# press and die's



## 2Nd time (Jan 3, 2006)

looking to get set up reloading and have been looking and different kits. the lee seems to have everything you would need yo start and is a lot cheaper. my question is can you use rcbs die's in a lee press? thanks


----------



## MNGOOSEER (Jun 12, 2006)

YOU CAN USE ANYONES DIES IN ANYONES PRESS I HAVE SEVERAL PRESSES AND USE DIFFERENT DIES IN EACH BUT YOU ALWAYS GET A SET YOU LIKE AND KEEP BUYING THEM I HAVE ALSO NOTICED THAT THE LEE PRESSES HAVE A LITTLE EXTRA PLAY IN THEM THE RCBS PRESSES ARE A VERY WELL BUILT AS ARE THE DILLON AND REDDING BUT THEN YOU PAY A LITTLE MORE HOPE THAT HELPS A LITTLE


----------



## Burly1 (Sep 20, 2003)

The answer to your question is yes, as MN has posted. When purchasing reloading equipment, it is always good to remember, that along with price, durability is an issue. It's very true, that as with many other things in the sporting world, you get what you pay for. I have never seen anyone wear out an RCBS press, but have seen others relegated to the scrap pile when they became sloppy after a great deal of use. Good shooting to you, Burl

P.S. 
MNGOOSEER, your caps lock is stuck on.


----------



## 2Nd time (Jan 3, 2006)

thanks for the help guys. as always this is a great place to get advice. I was trying to decide between the two, lee and RCBS. Youre right you do get what you pay for. So thanks for the answer to the question and the frendly little nudge to get me back on the right track. :beer:


----------



## GUNSHIP (Jan 18, 2007)

MNGOOSEER

Thanks for leaving your caps lock on. It makes it easier for us old blind guys to read. Or aren't old blind guys supposed to be reading here?

Best wishes, Bill


----------



## MNGOOSEER (Jun 12, 2006)

NOT A PROBLEM it is alot easyer to see in the moring when i am half asleep and if that is all you got to write about you need a hobby


----------



## ac700wildcat (Oct 30, 2006)

I just got the Lee Anniversary Kit and have loaded twenty shells with it. There are a few things that could be improved upon but it does do the job. I think what you should buy should maybe depend on how much you will actually reload. Myself I think I'm already stuck on this reloading thing after just loading twenty. There are a couple things from the kit that i don't quite like. I really don't like the scale it seems everytime i put it on the zero and set it there its always in need of beig re-zeroed again.

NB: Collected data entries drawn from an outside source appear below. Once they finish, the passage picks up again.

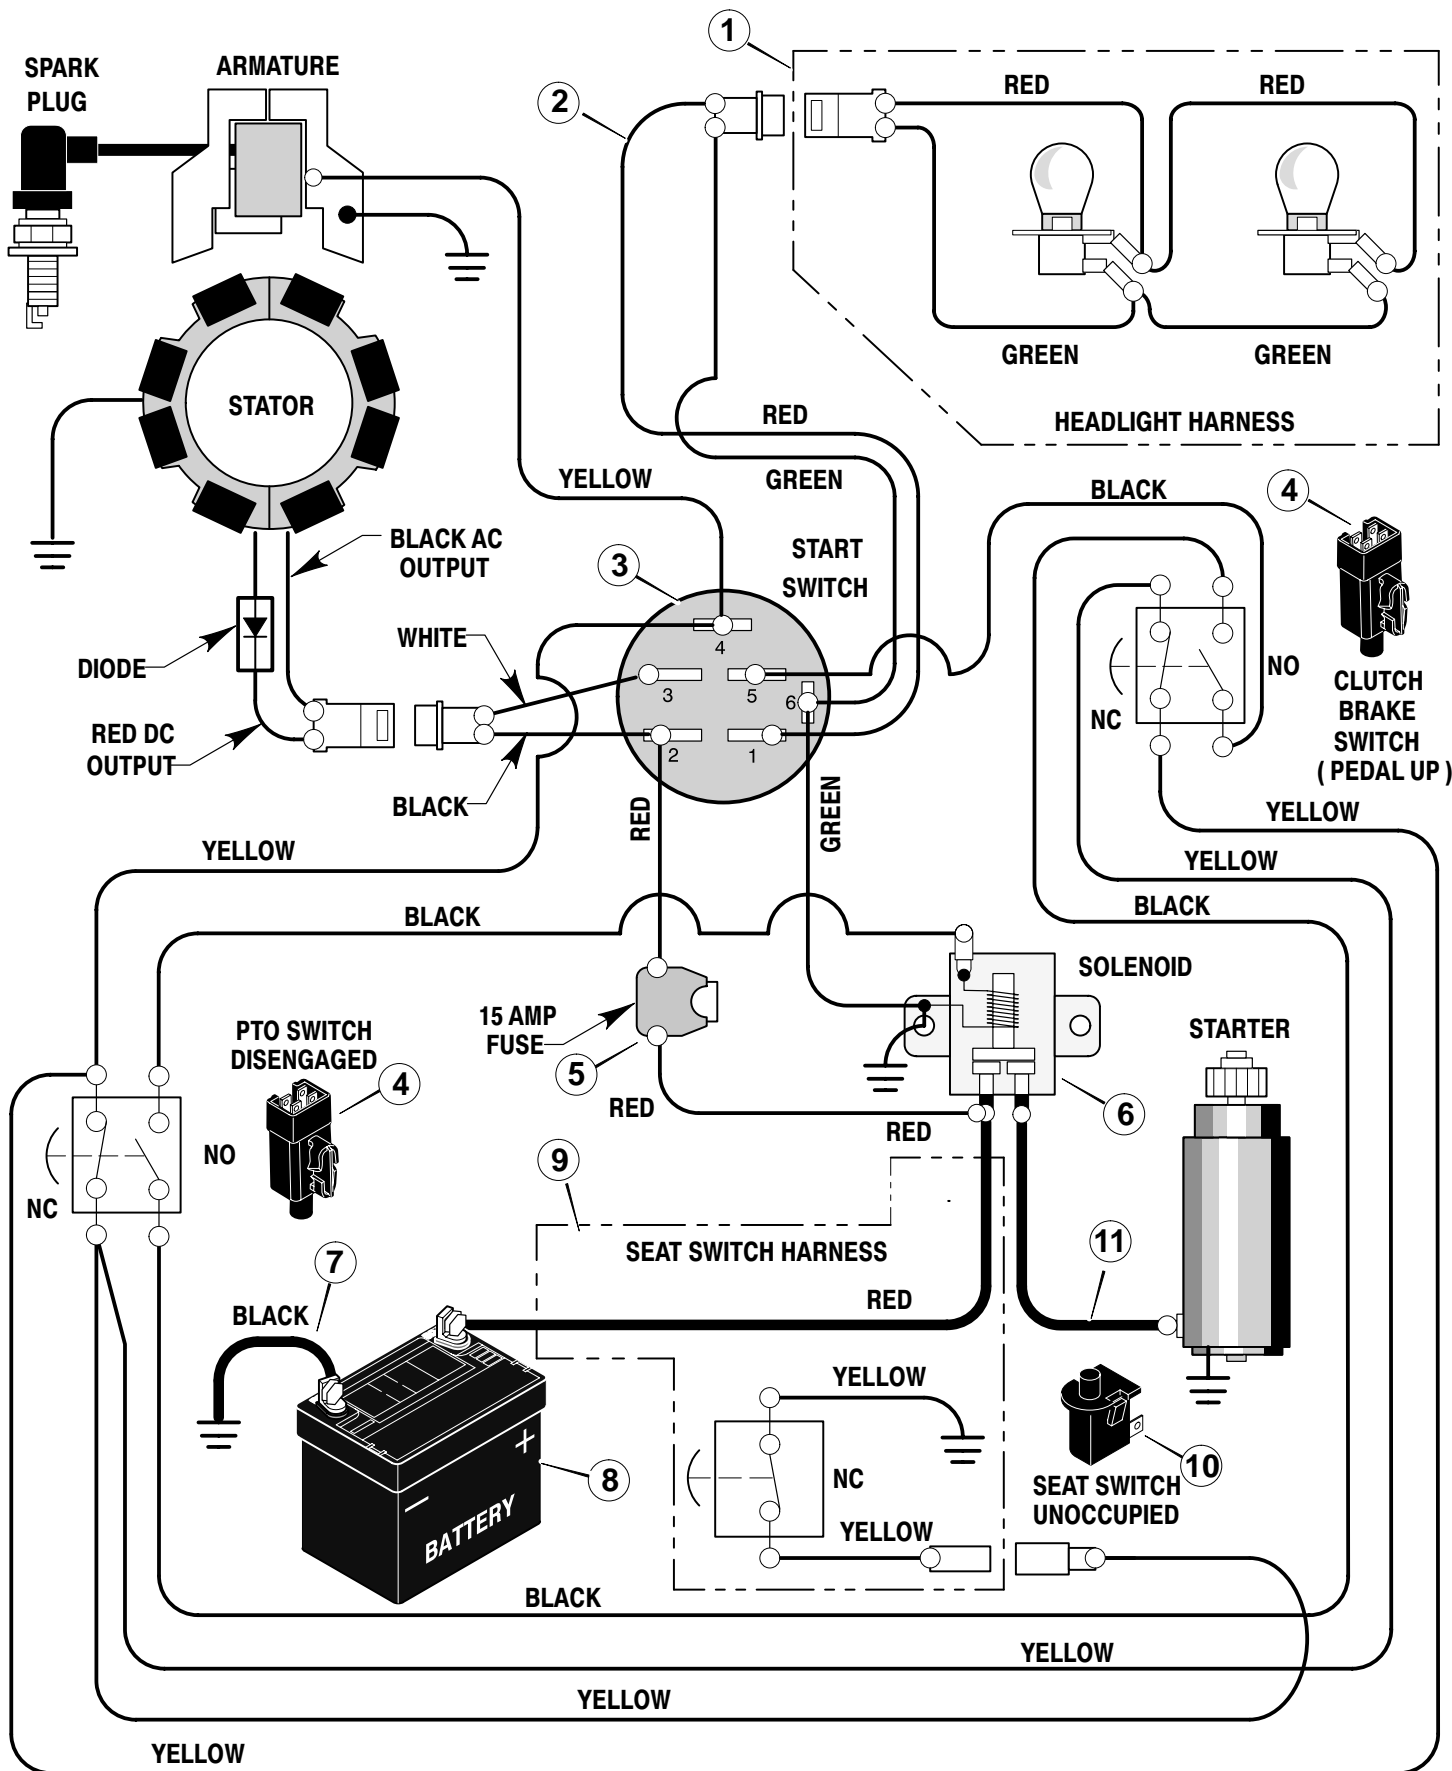

MODEL 40503x88A (VRO40-12GXT)

REPAIR PARTS ENGINE MOUNT

Key No.	Description	Part No.
1	Fuel Cap	92317
2	Fuel Tank	94073
3	Hose Clamp	951987
4	Fuel Line	23717
5	Hose Clamp	95197
6	Screw	26x201
7	Plate, Engine	94006E700
8	Throttle Control	91989
9	Engine*	—
10	Bolt, Engine Mount	25x7
11	Stack Pulley Assembly	94139 Z
12	Lockwasher	19x35
13	Bolt, Hex	1x140
14	Washer	17x170
15	Screw	26x249
16	Gasket	91309
17	Muffler	91271
18	Deflector, Muffler	94099Z
19	Screw	26x208
20	Bolt, Hex	1x134
21	Guide, Belt	93349
22	Nut, Flange	15x79 Z
23	Guide, Belt	94066
24	Shield, Heat	91277
26	Screw	26x253

* Parts are available from a Briggs & Stratton Authorized Service Center. See "Engines, Gasoline" or "Gasoline Engines" in the yellow pages of the telephone directory.

MODEL 40503x88A (VRO40-12GXT)

REPAIR PARTS ELECTRICAL SYSTEM
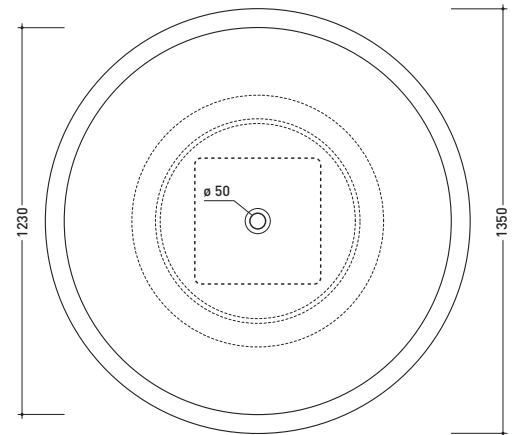

Preinstallazione - Preinstallation

vista zenitale / zenital view

Capacità Max / Max Capacity 280 L.
Peso Netto / Net Weight 170 Kg.
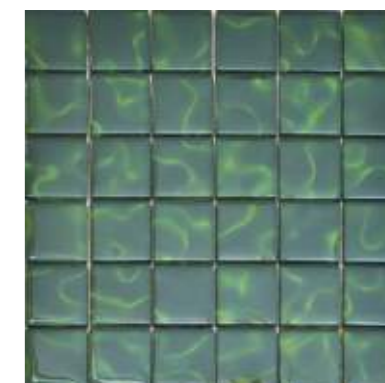

时尚

an impression of Modernization,
Sophistication and Uniqueness

這印象是現代、深邃和獨特

Specification 規格

Piece Size: 48X48X8mm
Sheet Size: 298X298X8mm

顆粒尺寸: 48X48X8mm
單聯尺寸: 298X298X8mm

浅灰烟霞 R4808-QHSS

红棕烟霞 R4808-HZSS

R4808-SGSS

R4808-GRSS

时尚

an impression of Modernization,
Sophistication and Uniqueness

這印象是現代、深邃和獨特

Specification 規格

Piece Size: 48X48X8mm
Sheet Size: 298X298X8mm

顆粒尺寸: 48X48X8mm
單聯尺寸: 298X298X8mm
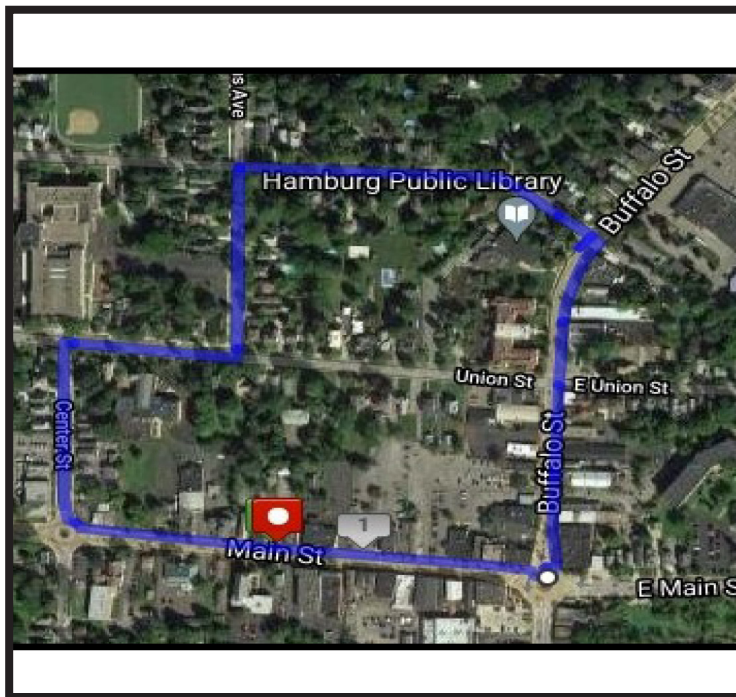

Presented by,
Wegmans

Hamburg 1 Mile Route

Start and end at the parking lot behind Expressions Floral & Gift Shoppe (59 Main St. Hamburg, NY 14075).

- 1. Head west on Main St.**
- 2. Turn RIGHT on Center St.**
- 3. Turn RIGHT on Union St.**
- 4. Turn LEFT on Hawkins Ave.**
- 5. Turn RIGHT on Pleasant Ave.**
- 6. Turn RIGHT on Buffalo St.**
- 7. Turn RIGHT on Main St. and you're almost back at where you started.**
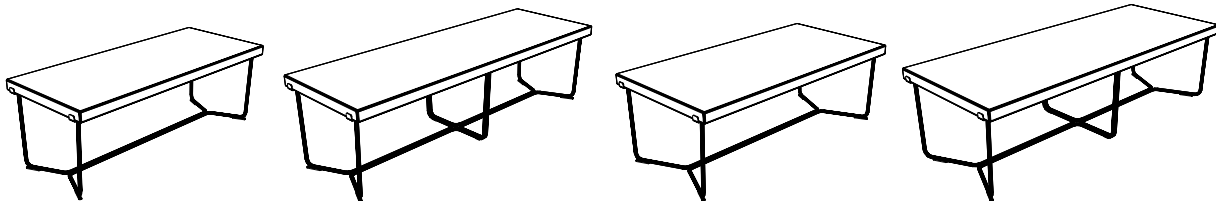

20 x 20

24 x 24

### Forum Fully Upholstered Bench - Square

Model Number	O.A. Depth"	O.A. Width"	O.A. Height"	Seat Height"	COM Ydg.	COM/Grade 1	Grade 2	Grade 3	Grade 4	Grade 5	Grade 6	Grade 7	Grade 8	Grade 9
FRM-N68E2020FU	20	20.375	17.675	17.675	1	\$1,171	\$1,248	\$1,326	\$1,405	\$1,483	\$1,560	\$1,645	\$1,733	\$1,826
FRM-N68E2424FU	24	24.375	17.675	17.675	1.12	\$1,210	\$1,289	\$1,366	\$1,444	\$1,520	\$1,599	\$1,684	\$1,773	\$1,867

20 x 48

20 x 60

24 x 48

24 x 60

### Forum Fully Upholstered Bench - Rectangle

Model Number	O.A. Depth"	O.A. Width"	O.A. Height"	Seat Height"	COM Ydg.	COM/Grade 1	Grade 2	Grade 3	Grade 4	Grade 5	Grade 6	Grade 7	Grade 8	Grade 9
FRM-N68E2048FU	20	48.375	17.675	17.675	1.34	\$2,119	\$2,198	\$2,276	\$2,353	\$2,431	\$2,511	\$2,593	\$2,679	\$2,770
FRM-N68E2060FU	20	60.375	17.675	17.675	1.5	\$2,339	\$2,415	\$2,494	\$2,572	\$2,648	\$2,727	\$2,810	\$2,893	\$2,982
FRM-N68E2448FU	24	48.375	17.675	17.675	1.62	\$2,184	\$2,288	\$2,391	\$2,494	\$2,598	\$2,702	\$2,812	\$2,926	\$3,046
FRM-N68E2460FU	24	60.375	17.675	17.675	1.75	\$2,412	\$2,515	\$2,622	\$2,723	\$2,827	\$2,931	\$3,037	\$3,150	\$3,267
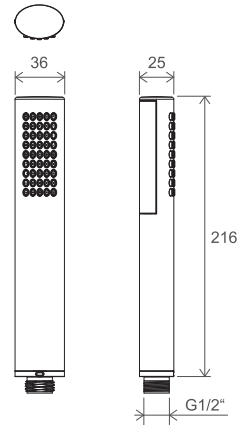

EASYCLEAN

AIR

Order No.	Type	Design	Flow rate	Size of packaging (cm)	Gross weight (kg)
X07P114	954.00CR Hand shower Oval mini, 1 function	chrome	8	24x5x5	0.14

EASYCLEAN

Order No.	Type	Design	Flow rate	Size of packaging (cm)	Gross weight (kg)
X07P348	958.00CR Hand shower Air, 3 functions, 120 mm	chrome	6/10/13	12,5x6x26	0.33
X07P349	958.10CR/WH Hand shower Air, 3 functions, 120 mm	chrome/white	6/10/13	12,5x6x26	0.32
X07P569	958.20BL Hand shower Air, 3 functions, 120 mm	black	6/10/13	12,5x6x26	0.33

The press seems to work well but was kinda difficult to mount because the ram has to be so close to the edge of the mounting surface. I had to put a piece of metal under the front and then bolt it down to keep the ram from rubbing on the bench. Other than that everything seems fine so far.


----------



## Plainsman (Jul 30, 2003)

MNGOOSEER said:


> NOT A PROBLEM it is alot easyer to see in the moring when i am half asleep and if that is all you got to write about you need a hobby


Burl1 had good advise, and he doesn't need a hobby. He mentioned the caps because on the internet it is considered screaming and bad manners. All of his post was intended to be helpful.


----------



## GUNSHIP (Jan 18, 2007)

Plainsman said:


> MNGOOSEER said:
> 
> 
> > NOT A PROBLEM it is alot easyer to see in the moring when i am half asleep and if that is all you got to write about you need a hobby
> ...


Turn the volume down on your speakers.


----------



## southdakbearfan (Oct 11, 2004)

I use a lee die for a priming die with a auto prime II on it, and an RCBS for resizing and seating. The RCBS has yet to fail with thousands of rounds through it, and just seems to be sturdier.


----------